RECORDS TO PROCESS

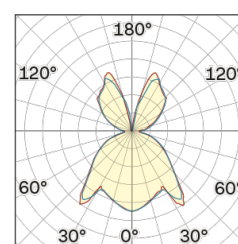

Lighting Type: Indirect

Light Distribution: Symmetric

COLOR

● 62, Nero (opaco)

Discover

Souvlaki

Semispherical
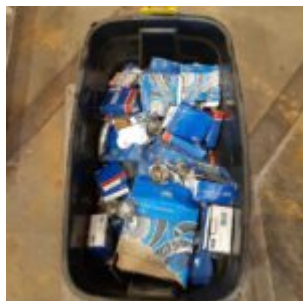

## Ball bearing SKF

**Description:** SKF Ball Bearing Various sizes

**External ID:** 1070420

**Category:** Engines

**Subcategory:** Spareparts

---

**Manufacturer:** SKF

**Model:** —

**Serial No:** —

**Part No:** —

**Year:** —

**Weight [kg]:** 45

**Dimension (L x B x H) [m]:** —

**Condition:** New

**Tag No:** —

**URL:** <https://www.modernamericanrecyclingservices.com/equipment/ball-bearing-skf-1070420/>
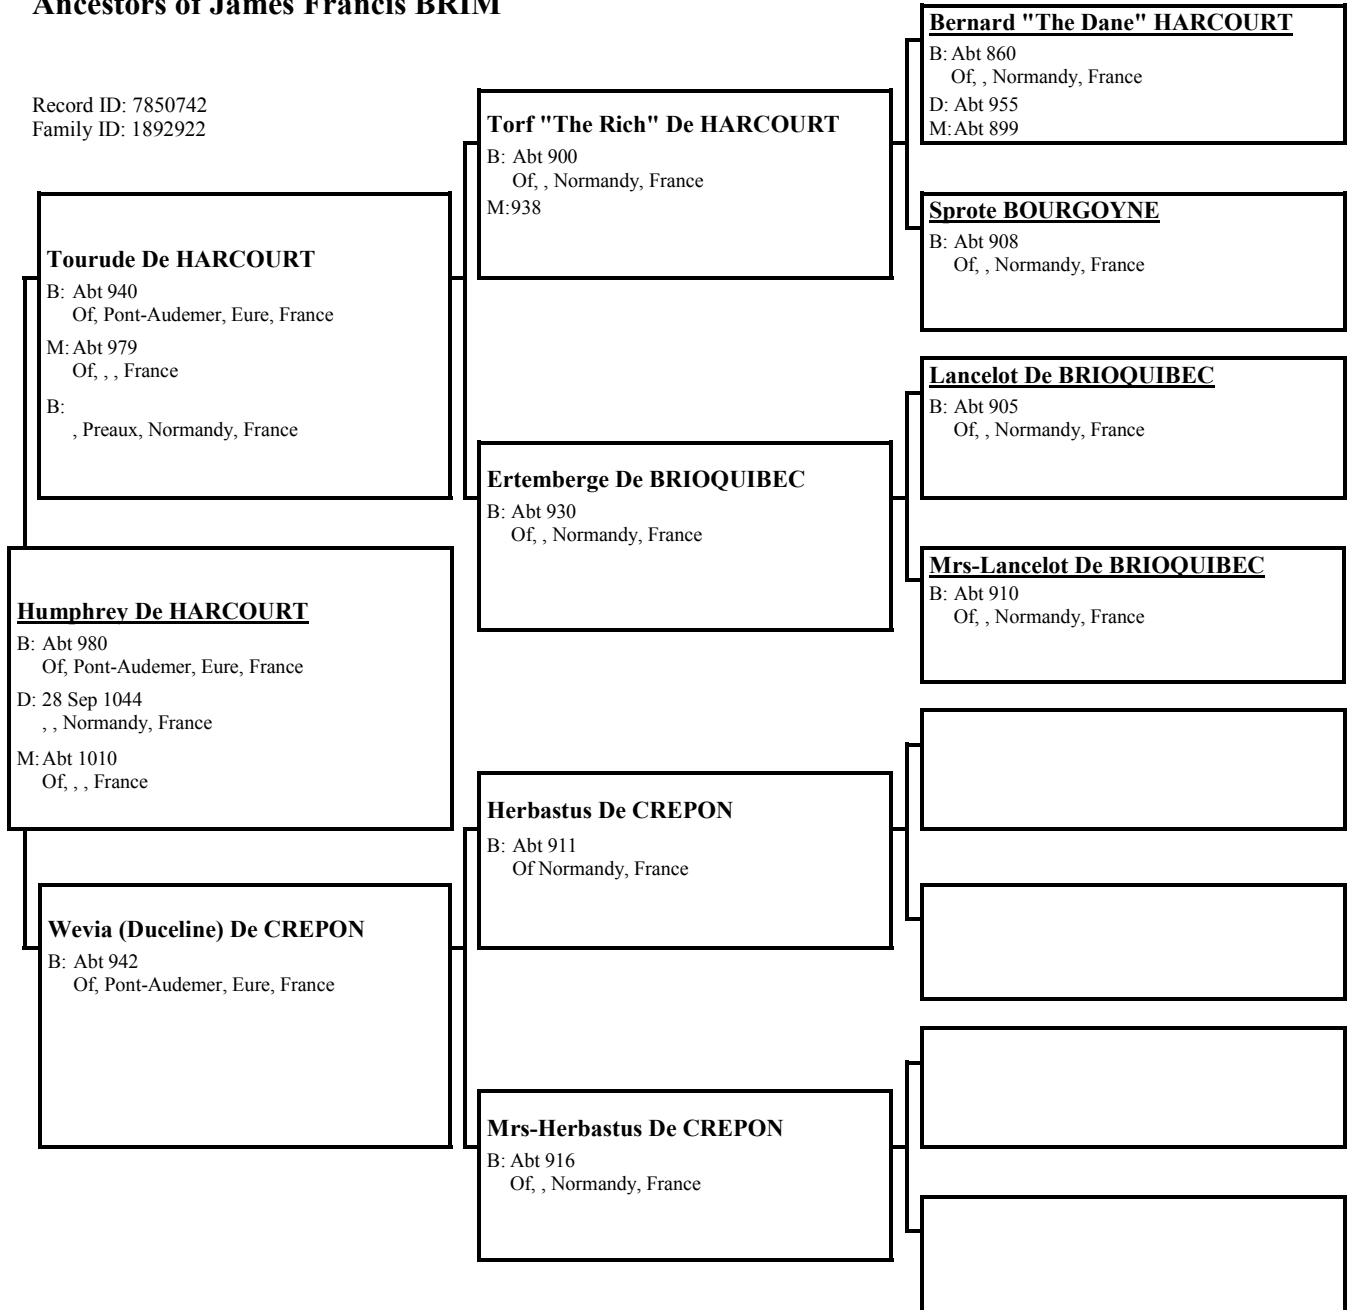

Ancestors of James Francis BRIM

Record ID: 7850742
Family ID: 1892922

291
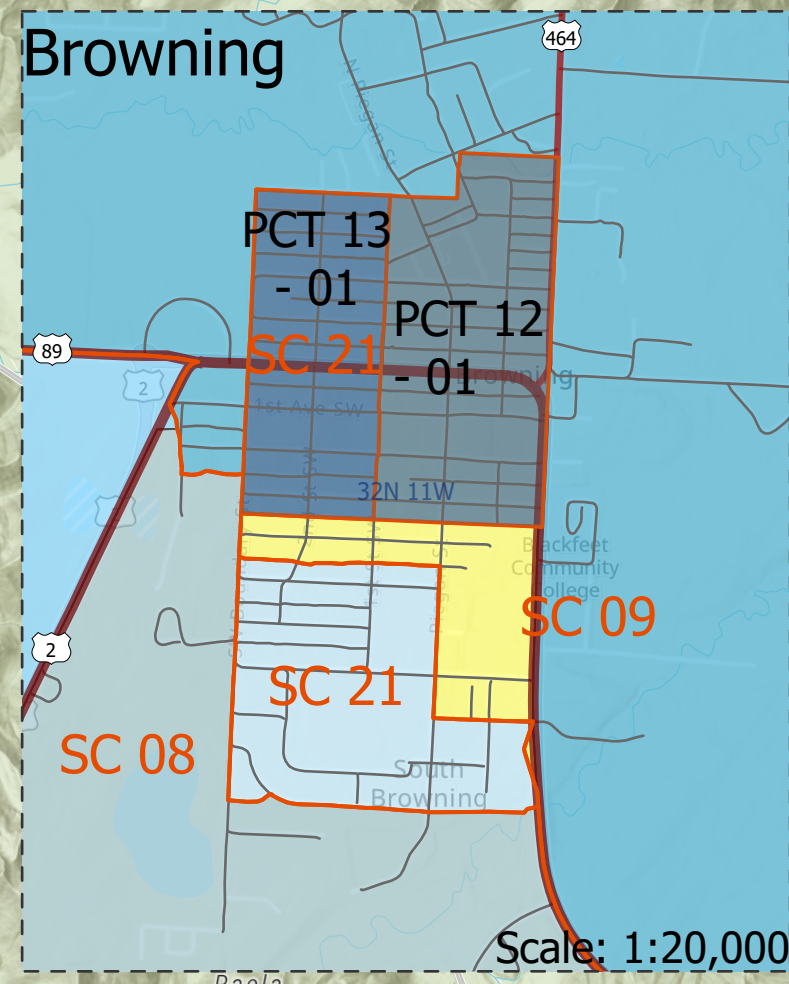

# Glacier County Precinct Splits

- City
- Undefined Precinct Split
- State Boundary
- County Boundary
- Soil Conservation Districts
- Precinct Split

Scale: 1:160,000  
Date Created: 6/8/2023
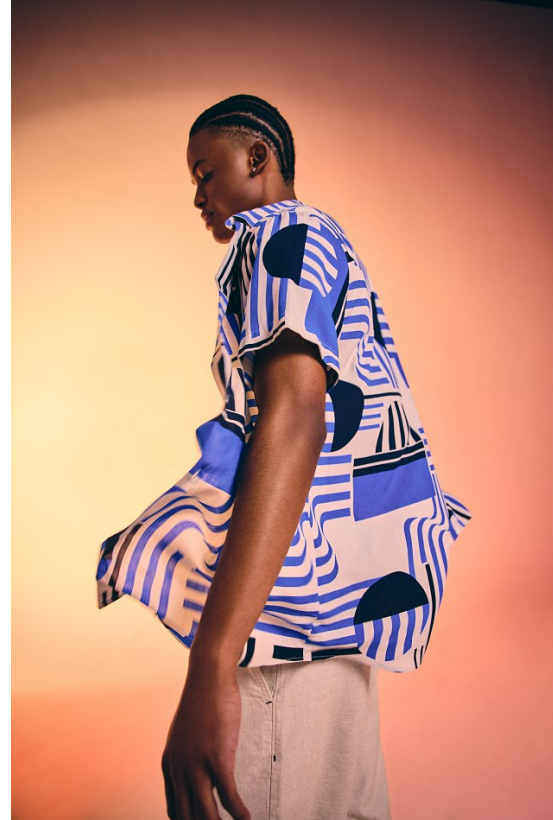

BOSS MODELS

CAPE TOWN

ORATILE LEKABE

Height: 189cm Chest: 96cm Waist: 74cm Suit: 36 L Shoe: 9 UK Hair: Black Eyes: Brown

BOSS MODELS

CAPE TOWN

ORATILE LEKABE

Height: 189cm Chest: 96cm Waist: 74cm Suit: 36 L Shoe: 9 UK Hair: Black Eyes: Brown
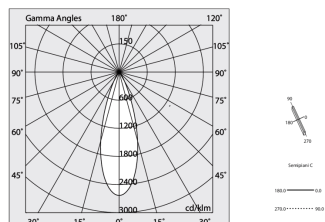

Novalux S.r.l. via Marzabotto, 2 40050 Funo di Argelato (BO) Italy
Tel: +39 051 860558 · Fax +39 051 6647859 · Mail: info@novalux.it · VAT number 00536541204 · novalux.com
Company subject to the management and coordination by SLV GmbH

This technical data sheet is owned by Novalux S.r.l., all rights reserved. Novalux S.r.l. reserves the right to make changes without prior notice.
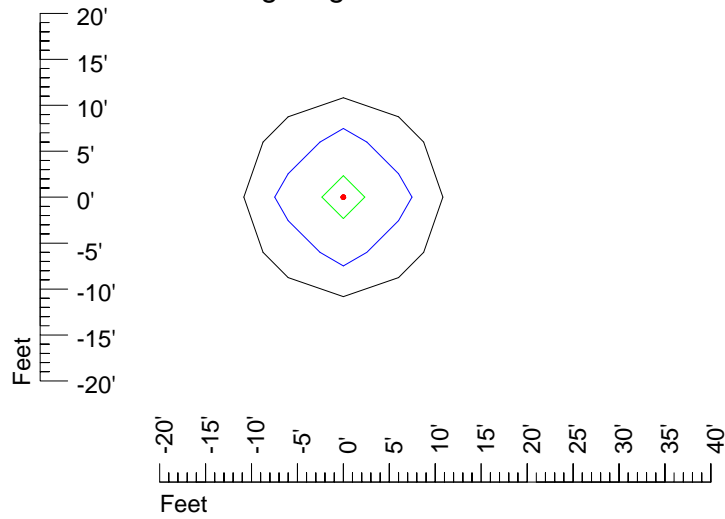

IES Photometric files E449-10

Isoline template 7' mounting height

Isoline values — 0.1 fc — 0.25 fc — 0.5 fc — 1.0 fc — 2.0 fc

Mounting height 7' Tilt 0°

Mounting height 7' Tilt 30°

Mounting height 7' Tilt 15°

IES Photometric files E449-10

Isoline template 20' mounting height

Isoline values — 0.1 fc — 0.25 fc — 0.5 fc — 1.0 fc — 2.0 fc

Mounting height 20' Tilt 0°

Mounting height 20' Tilt 30°

Mounting height 20' Tilt 15°

Mounting height 20' Tilt 45°

IES Photometric files E449-10

Isoline template 25' mounting height

Isoline values — 0.1 fc — 0.25 fc — 0.5 fc — 1.0 fc — 2.0 fc

Mounting height 25' Tilt 0°

Mounting height 25' Tilt 30°

Mounting height 25' Tilt 15°

Mounting height 25' Tilt 45°

IES Photometric files E449-10

Isoline template 30' mounting height

Isoline values — 0.1 fc — 0.25 fc — 0.5 fc — 1.0 fc — 2.0 fc

Mounting height 30' Tilt 0°
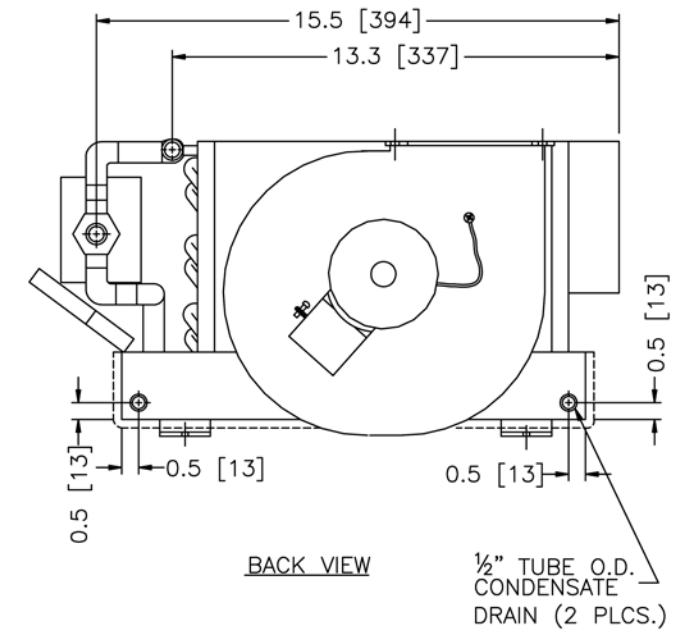

TOP VIEW

FRONT VIEW

LEFT SIDE VIEW

BACK VIEW

CFM: 265 AMP DRAW: 1.86 A @115 V SINGLE PHASE/ 0.93 A @230 V SINGLE PHASE

SYMBOL	DATE	DESCRIPTION	BY	CHECKED
REVISIONS				
		<b>TECHNICOLD</b> <small>by NORTHERN LIGHTS</small>		
		<b>1419 W. Newport Center Drive</b> <b>Deerfield Beach, FL 33442</b> <b>(954) 421-1717</b> <b>www.technicold.com</b>		
TOLERANCES UNLESS OTHERWISE SPECIFIED X.X: ±.125 ANGULAR: ±1.0		TITLE: <b>AIR HANDLER W/ .75 kW HEATER</b> 8,000 BTU/HR		
CAD REVISE ON CAD ONLY THIRD ANGLE PROJECTION		DRAWN: LB CHECKED: SCALE: 1:4 RELEASED: 3/18/09 SHEETS: CF 1 UNITS OF MEASURE: INCHES (MM)		
		RA08		DWG. NO.: C-6645 REV: -

EXERCISE INSTRUCTIONS
Please reproduce the entries above exactly, from their first line to the line holding "Mounting height 20' Tilt 0°" inclusive, and nothing else; the pictures stay out.

TASK ANSWER
Lighting Type: Indirect

Light Distribution: Symmetric

COLOR

● 62, Nero (opaco)

Discover

Souvlaki

Semispherical

## Ball bearing SKF

**Description:** SKF Ball Bearing Various sizes

**External ID:** 1070420

**Category:** Engines

**Subcategory:** Spareparts

---

**Manufacturer:** SKF

**Model:** —

**Serial No:** —

**Part No:** —

**Year:** —

**Weight [kg]:** 45

**Dimension (L x B x H) [m]:** —

**Condition:** New

**Tag No:** —

**URL:** <https://www.modernamericanrecyclingservices.com/equipment/ball-bearing-skf-1070420/>

Ancestors of James Francis BRIM

Record ID: 7850742
Family ID: 1892922

291

# Glacier County Precinct Splits

- City
- Undefined Precinct Split
- State Boundary
- County Boundary
- Soil Conservation Districts
- Precinct Split

Scale: 1:160,000  
Date Created: 6/8/2023

BOSS MODELS

CAPE TOWN

ORATILE LEKABE

Height: 189cm Chest: 96cm Waist: 74cm Suit: 36 L Shoe: 9 UK Hair: Black Eyes: Brown

BOSS MODELS

CAPE TOWN

ORATILE LEKABE

Height: 189cm Chest: 96cm Waist: 74cm Suit: 36 L Shoe: 9 UK Hair: Black Eyes: Brown

Novalux S.r.l. via Marzabotto, 2 40050 Funo di Argelato (BO) Italy
Tel: +39 051 860558 · Fax +39 051 6647859 · Mail: info@novalux.it · VAT number 00536541204 · novalux.com
Company subject to the management and coordination by SLV GmbH

This technical data sheet is owned by Novalux S.r.l., all rights reserved. Novalux S.r.l. reserves the right to make changes without prior notice.

IES Photometric files E449-10

Isoline template 7' mounting height

Isoline values — 0.1 fc — 0.25 fc — 0.5 fc — 1.0 fc — 2.0 fc

Mounting height 7' Tilt 0°

Mounting height 7' Tilt 30°

Mounting height 7' Tilt 15°

IES Photometric files E449-10

Isoline template 20' mounting height

Isoline values — 0.1 fc — 0.25 fc — 0.5 fc — 1.0 fc — 2.0 fc

Mounting height 20' Tilt 0°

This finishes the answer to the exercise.